- Exercise prompt
Look below for the lines from the one with "LATIGUILLO 10X14X1 /" to the one with "BRIDA INFERIOR MANILLAR", and copy exactly those lines, both ends included.

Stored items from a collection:
══════

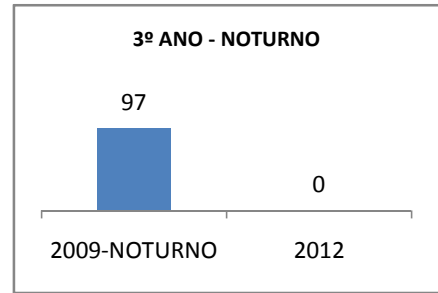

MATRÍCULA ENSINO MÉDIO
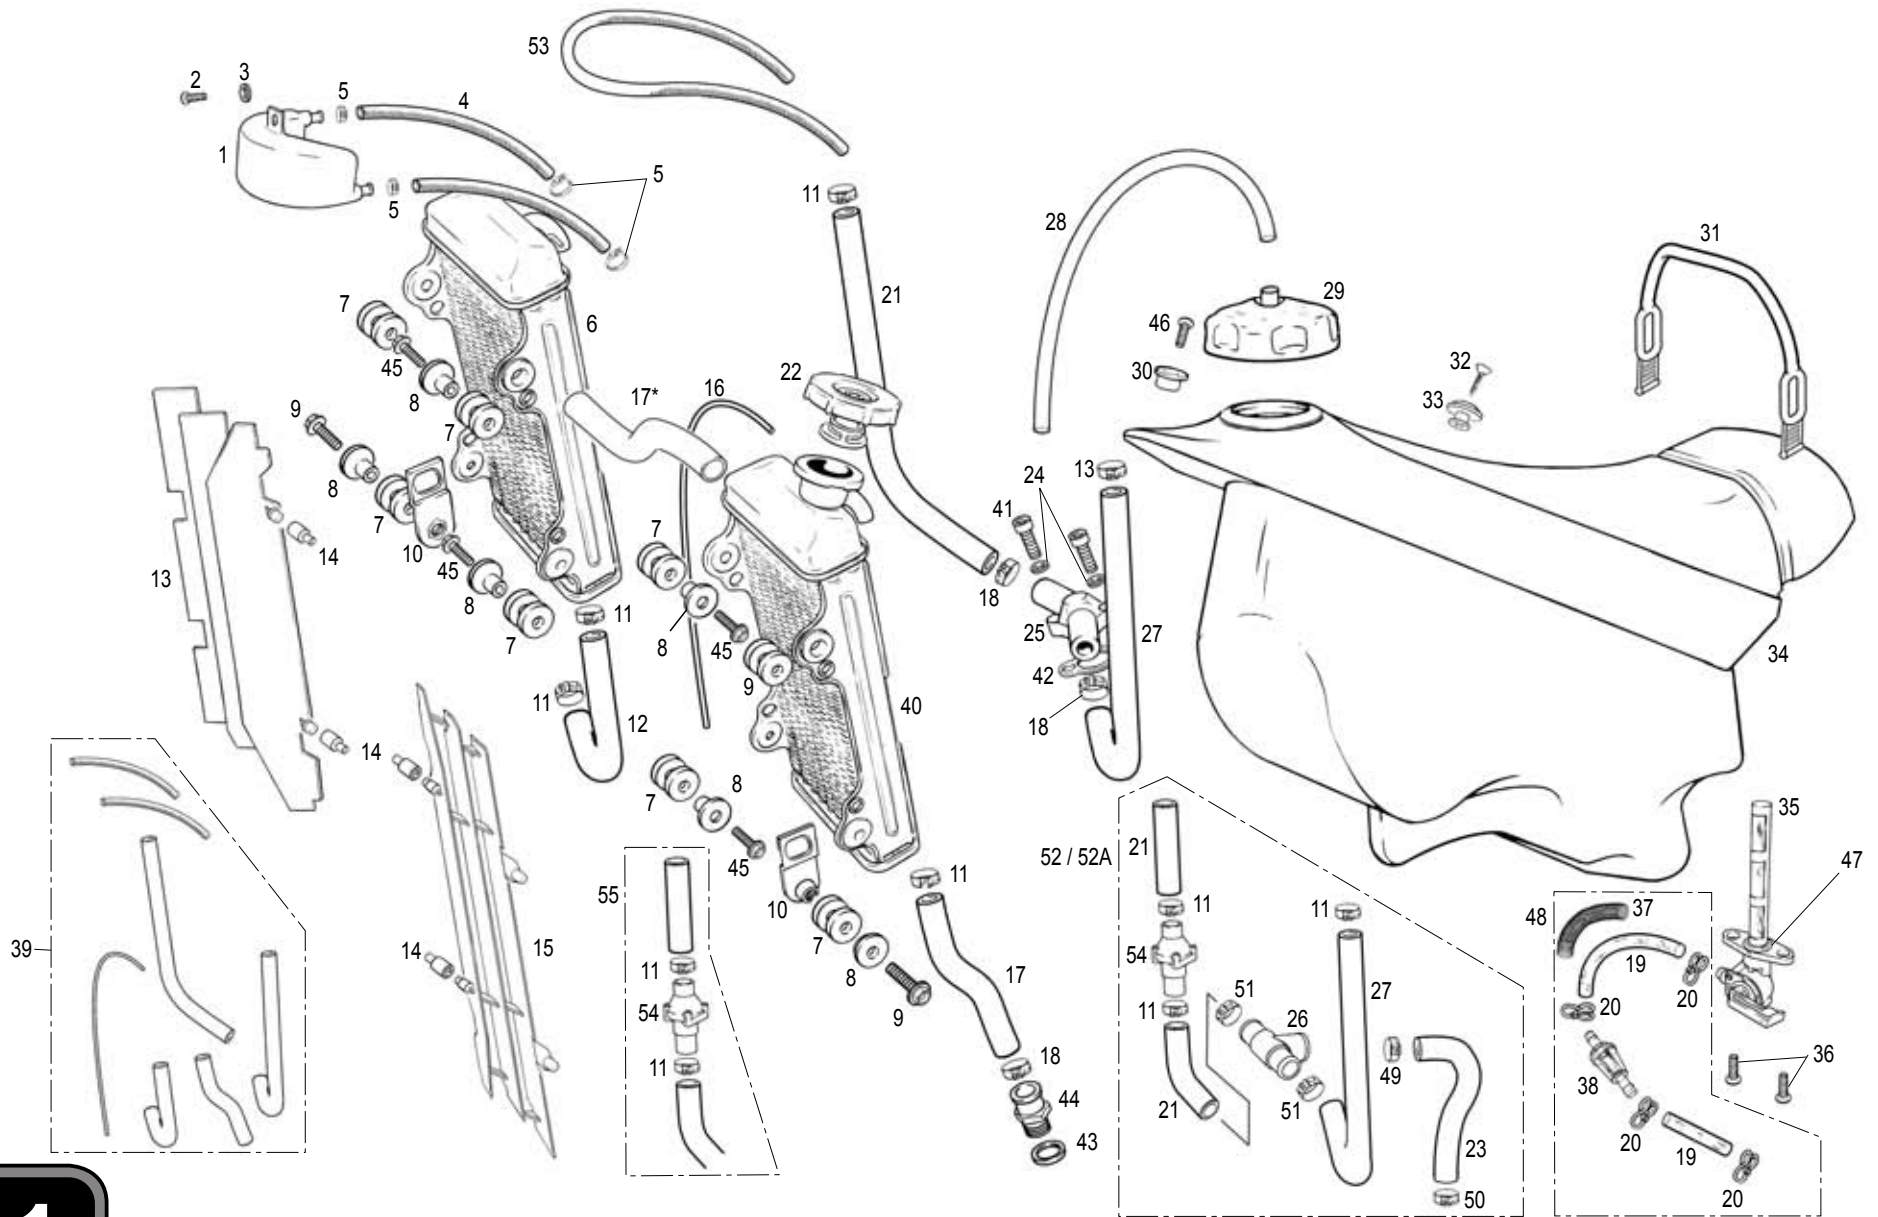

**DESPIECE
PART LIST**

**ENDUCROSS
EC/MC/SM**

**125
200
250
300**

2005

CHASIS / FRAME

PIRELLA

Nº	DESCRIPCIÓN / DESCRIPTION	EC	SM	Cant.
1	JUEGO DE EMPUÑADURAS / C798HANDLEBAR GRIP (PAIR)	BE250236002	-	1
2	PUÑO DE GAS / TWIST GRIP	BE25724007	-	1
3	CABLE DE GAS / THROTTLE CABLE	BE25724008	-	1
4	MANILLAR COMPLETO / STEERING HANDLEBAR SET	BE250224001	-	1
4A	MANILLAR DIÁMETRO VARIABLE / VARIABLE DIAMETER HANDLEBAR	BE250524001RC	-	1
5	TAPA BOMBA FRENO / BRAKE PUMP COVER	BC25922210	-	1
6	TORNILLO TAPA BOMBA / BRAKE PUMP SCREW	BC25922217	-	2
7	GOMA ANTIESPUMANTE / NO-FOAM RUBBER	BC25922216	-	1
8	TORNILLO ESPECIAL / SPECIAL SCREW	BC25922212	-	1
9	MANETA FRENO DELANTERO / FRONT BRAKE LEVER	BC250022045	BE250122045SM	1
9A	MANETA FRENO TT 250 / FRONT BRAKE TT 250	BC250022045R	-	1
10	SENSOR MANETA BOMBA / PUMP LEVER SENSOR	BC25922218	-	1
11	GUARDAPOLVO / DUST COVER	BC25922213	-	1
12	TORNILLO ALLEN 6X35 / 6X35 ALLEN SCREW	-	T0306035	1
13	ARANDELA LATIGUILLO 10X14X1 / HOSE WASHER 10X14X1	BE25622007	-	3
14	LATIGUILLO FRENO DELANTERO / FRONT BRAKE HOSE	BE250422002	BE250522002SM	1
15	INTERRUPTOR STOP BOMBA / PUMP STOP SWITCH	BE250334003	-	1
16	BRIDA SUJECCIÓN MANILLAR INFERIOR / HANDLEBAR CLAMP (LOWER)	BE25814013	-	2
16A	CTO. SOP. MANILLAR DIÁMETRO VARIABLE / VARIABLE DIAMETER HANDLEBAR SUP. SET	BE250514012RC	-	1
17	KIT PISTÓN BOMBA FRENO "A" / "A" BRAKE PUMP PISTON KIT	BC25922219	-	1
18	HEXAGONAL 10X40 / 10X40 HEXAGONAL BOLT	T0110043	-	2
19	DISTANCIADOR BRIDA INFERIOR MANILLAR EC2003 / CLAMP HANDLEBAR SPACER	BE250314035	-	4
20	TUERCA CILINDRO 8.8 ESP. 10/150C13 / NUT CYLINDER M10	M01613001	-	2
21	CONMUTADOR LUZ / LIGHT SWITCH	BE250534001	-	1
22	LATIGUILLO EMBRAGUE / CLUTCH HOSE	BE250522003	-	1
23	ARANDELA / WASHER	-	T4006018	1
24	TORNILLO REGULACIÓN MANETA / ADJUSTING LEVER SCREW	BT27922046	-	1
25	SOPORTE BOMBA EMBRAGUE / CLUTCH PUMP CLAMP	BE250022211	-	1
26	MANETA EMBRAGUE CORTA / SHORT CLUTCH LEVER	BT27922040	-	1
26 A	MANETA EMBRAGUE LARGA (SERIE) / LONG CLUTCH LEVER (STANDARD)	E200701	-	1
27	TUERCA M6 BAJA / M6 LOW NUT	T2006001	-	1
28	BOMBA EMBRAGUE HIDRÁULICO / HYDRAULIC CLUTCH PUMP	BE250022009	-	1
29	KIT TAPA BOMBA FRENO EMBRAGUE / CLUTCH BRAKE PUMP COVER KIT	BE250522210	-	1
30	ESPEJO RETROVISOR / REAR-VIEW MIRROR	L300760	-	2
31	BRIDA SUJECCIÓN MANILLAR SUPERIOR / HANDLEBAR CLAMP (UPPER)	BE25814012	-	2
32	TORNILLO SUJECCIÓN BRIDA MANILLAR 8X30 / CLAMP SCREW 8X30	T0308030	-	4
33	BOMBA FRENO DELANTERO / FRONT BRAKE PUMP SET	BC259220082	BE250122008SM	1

══════

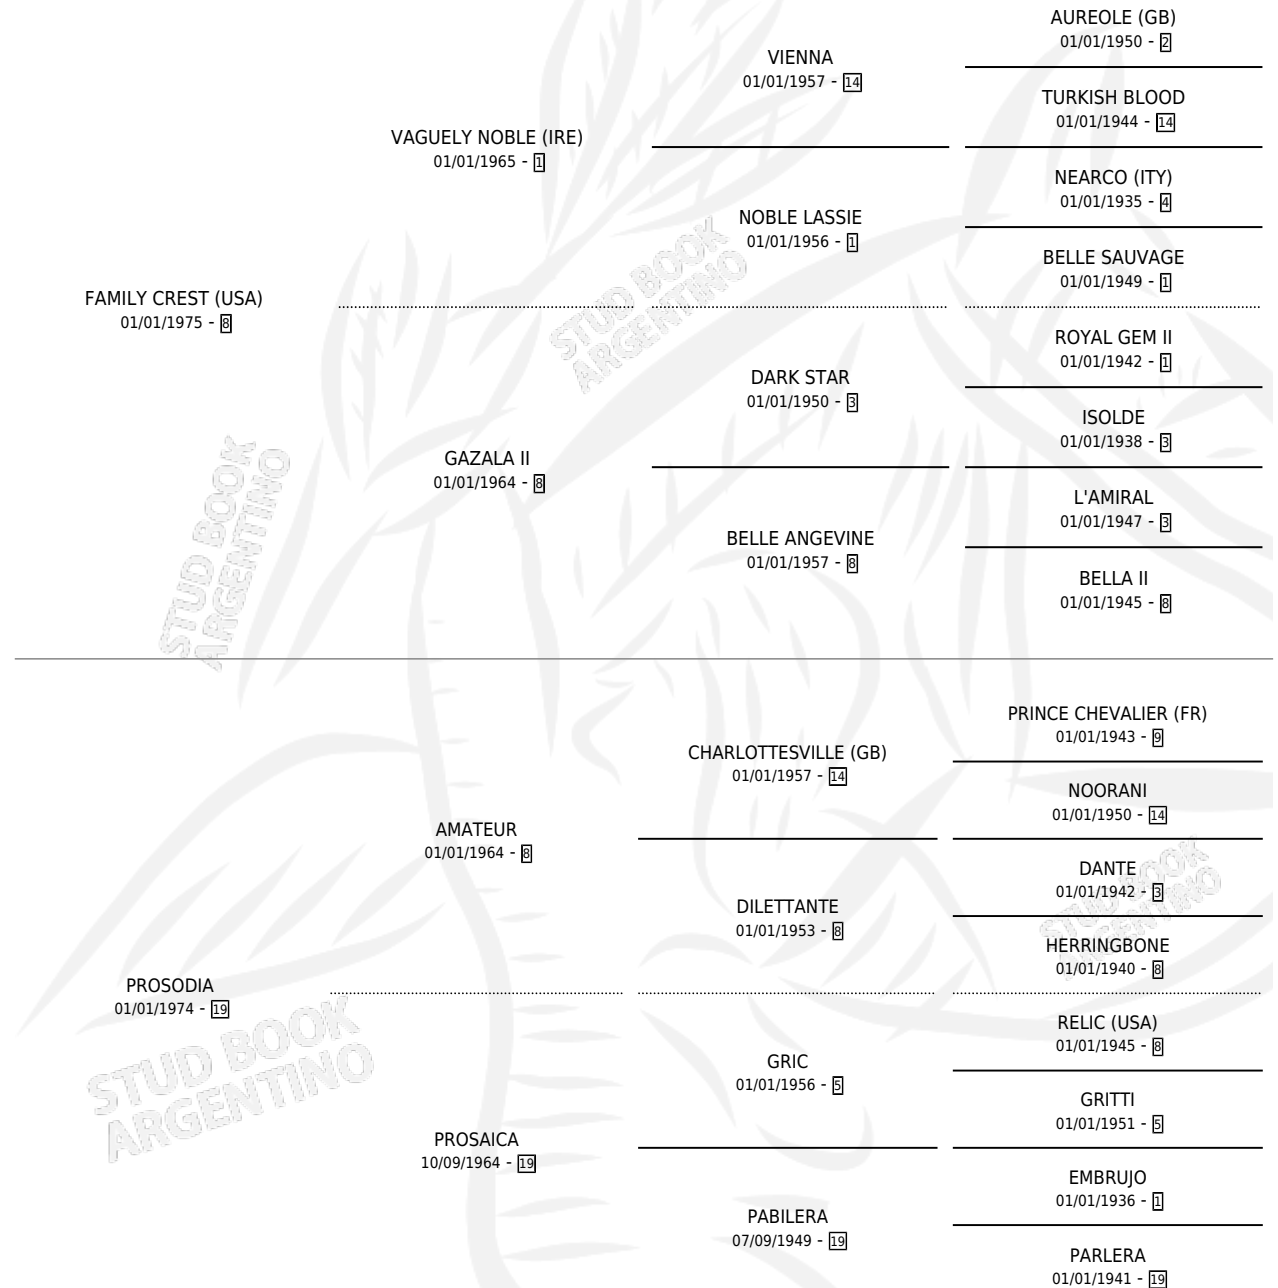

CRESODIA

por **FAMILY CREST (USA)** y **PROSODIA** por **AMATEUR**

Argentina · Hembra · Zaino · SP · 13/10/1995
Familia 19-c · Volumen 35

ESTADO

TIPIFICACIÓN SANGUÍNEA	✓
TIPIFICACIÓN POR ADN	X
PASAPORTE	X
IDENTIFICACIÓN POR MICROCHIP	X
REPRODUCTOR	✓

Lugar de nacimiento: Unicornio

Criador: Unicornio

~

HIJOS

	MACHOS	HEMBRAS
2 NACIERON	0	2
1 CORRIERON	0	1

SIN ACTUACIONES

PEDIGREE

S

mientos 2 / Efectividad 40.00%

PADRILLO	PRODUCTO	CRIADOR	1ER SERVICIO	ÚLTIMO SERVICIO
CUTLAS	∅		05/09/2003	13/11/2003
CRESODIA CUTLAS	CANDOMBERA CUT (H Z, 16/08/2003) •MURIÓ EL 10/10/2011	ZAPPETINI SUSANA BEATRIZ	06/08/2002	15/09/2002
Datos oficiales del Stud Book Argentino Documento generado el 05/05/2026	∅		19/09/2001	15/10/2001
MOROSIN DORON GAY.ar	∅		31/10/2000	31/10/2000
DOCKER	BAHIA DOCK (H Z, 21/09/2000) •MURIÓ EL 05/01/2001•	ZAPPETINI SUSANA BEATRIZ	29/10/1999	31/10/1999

══════

- Exercise output
13	ARANDELA LATIGUILLO 10X14X1 / HOSE WASHER 10X14X1	BE25622007	-	3
14	LATIGUILLO FRENO DELANTERO / FRONT BRAKE HOSE	BE250422002	BE250522002SM	1
15	INTERRUPTOR STOP BOMBA / PUMP STOP SWITCH	BE250334003	-	1
16	BRIDA SUJECCIÓN MANILLAR INFERIOR / HANDLEBAR CLAMP (LOWER)	BE25814013	-	2
16A	CTO. SOP. MANILLAR DIÁMETRO VARIABLE / VARIABLE DIAMETER HANDLEBAR SUP. SET	BE250514012RC	-	1
17	KIT PISTÓN BOMBA FRENO "A" / "A" BRAKE PUMP PISTON KIT	BC25922219	-	1
18	HEXAGONAL 10X40 / 10X40 HEXAGONAL BOLT	T0110043	-	2
19	DISTANCIADOR BRIDA INFERIOR MANILLAR EC2003 / CLAMP HANDLEBAR SPACER	BE250314035	-	4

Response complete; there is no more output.